While drilling wells it is possible for the drillstring to act as a torsional pendulum (also referred to as `stick-slip` motion). This will result in frequency modulation (FM) of any excitation source (e.g., the bit), the degree of modulation being dependent upon the location of the source in the string. FIG. 1 is a graphical depiction showing frequency modulation of the torsional signal from a vibratory source in a drillstring. Sources at the bit will experience a high degree of modulation; sources at the surface should not experience modulation.

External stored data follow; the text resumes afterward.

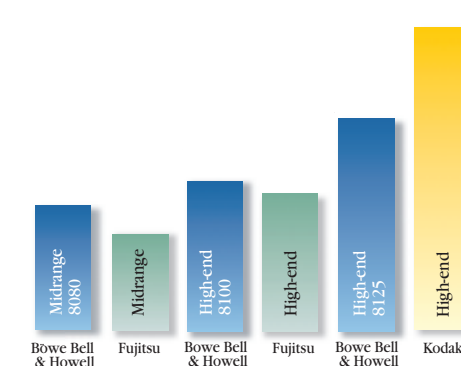

obscured by complex backgrounds or are a mixture of sizes and thickness. As a result, almost no document prepping is necessary, you won't need to change settings each time you scan a different batch type and rescanning is virtually eliminated. In addition, Spectrum is the first production scanner to integrate hardware VRS so that it works with any software application using Image Controls, ISIS or TWAIN drivers. All this makes for lower labor costs, higher document throughput, a more streamlined workflow process, and the lowest total cost of scanning overall when paired with the Copiscan® 8000 Spectrum.

Total Cost of Scanning
Over the first 3 years

Scanner Performance
Color throughput at 150 dpi in portrait and landscape orientation

Scanner List Price

Not only is Spectrum faster, more rugged (for example, it has a 60,000 document per day duty cycle), and less costly to own and operate than machines made by competitors, surprisingly enough it's much smaller. So it requires not only less time and money but less space too!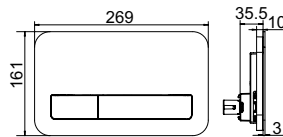

FLUSHPLATE 200S

Article number	Description	61	68	69, AN	Pc./ Pal.	kg/ Pc.
9224 90 XX	269 x 161 x 13mm surface made of high-quality plastic	67,-	48,-	67,-	224	0,27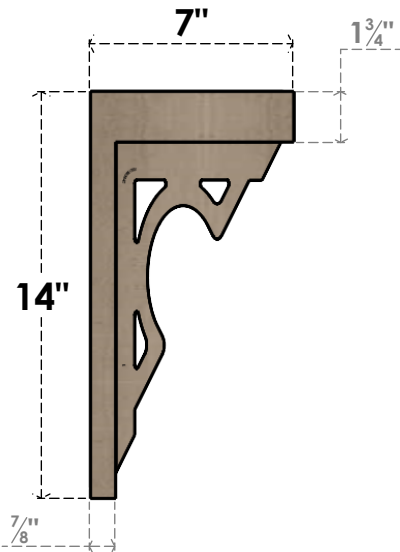

ITEM NUMBER: CORU07X07X14SHERCPR

7"W X 7"D X 14"H SERIES 2 WIDE SHERIDAN ROUGH CEDAR TIMBERTHANE FAUX WOOD CORBEL, PRIMED

SIDE PROFILE

FRONT PROFILE

ISOMETRIC

EKENA MILLWORK
2300 WEST MAIN ST.
CLARKSVILLE, TX 75426
TOLL FREE: 866-607-0453
WWW.EKENAMILLWORK.COM

NOTES

1. INSTALLATION TO BE COMPLETED IN ACCORDANCE WITH MANUFACTURER'S SPECIFICATIONS.
2. DRAWING MAY NOT BE TO SCALE
3. THIS DRAWING IS INTENDED FOR DESIGN AND PLANNING PURPOSES ONLY.
4. ALL INFORMATION CONTAINED HEREIN WAS CURRENT AT THE TIME OF DEVELOPMENT BUT MUST BE REVIEWED AND APPROVED BY THE PRODUCT MANUFACTURER TO BE CONSIDERED ACCURATE.
5. TIMBERTHANE ARCHITECTURAL PRODUCTS ARE MADE FROM HIGH DENSITY URETHANE AND COME FACTORY PRIMED

Frequency Modulation is apparent in the time domain as a series of periodic `beats`. However, beats can also be generated by closely spaced excitation sources or by amplitude modulation. Thus, under certain circumstances, such periodic `beats` in the time domain caused by torsional oscillations (e.g., stick-slip phenomenon) do not provide a recognizable signature in the time domain. In contrast, in the frequency domain, FM is readily distinguishable since it will generate several sidebands around the modulated frequency. FIG. 2 is a graphical depiction showing, in the frequency domain, sidebands being present around the detected excitation frequency. The spacing between the sidebands is governed by the modulating frequency (the frequency of oscillation of the torsional series of periodic pendulum--the periodicity of the `stick-slip` motion). The number of sidebands depends on the ratio of the max angular frequency due to the oscillatory motion and the frequency of these oscillations (termed the modulation index). Since the oscillation frequency is a constant for a given drillstring length, drillstring configuration and wellbore, the number of sidebands is directly proportional to the maximum angular frequency. This is a maximum at the bit (the `working end`) of the pendulum, and a minimum (or zero) at the surface.
Therefore, in accordance with a first embodiment of this invention, surface vibratory sources are distinguishable by the absence of sidebands (zero modulation index). In contrast, downhole vibratory sources will have sidebands, the number of sidebands (and the modulation index) increasing from the surface to the distal end of the pendulum. Thus, referring to FIG. 3, a plot of amplitude vs frequency is depicted for a drillstring. The data is from a vertical onshore well at a depth of approximately 10,900 ft (3370 m), drilling with a rollercone bit and mud motor surface rotary speed of 68, WOB of 26,000 lbs (116 kN), pump rate of 105 with triplex pumps. As indicated on FIG. 3, downhole vibration sources show sidebands downhole with such sidebands decreasing along the drillstring towards the surface where there are no apparent sidebands.
Once the source of the vibration is determined (e.g., discriminated as originating from downhole or at the surface) using the method of the first embodiment of this invention, corrective action may be taken to optimize drilling performance and preclude drillstring fatigue. Such corrective action may include changing drilling parameters, for example, weight-on-bit (WOB) or mud properties.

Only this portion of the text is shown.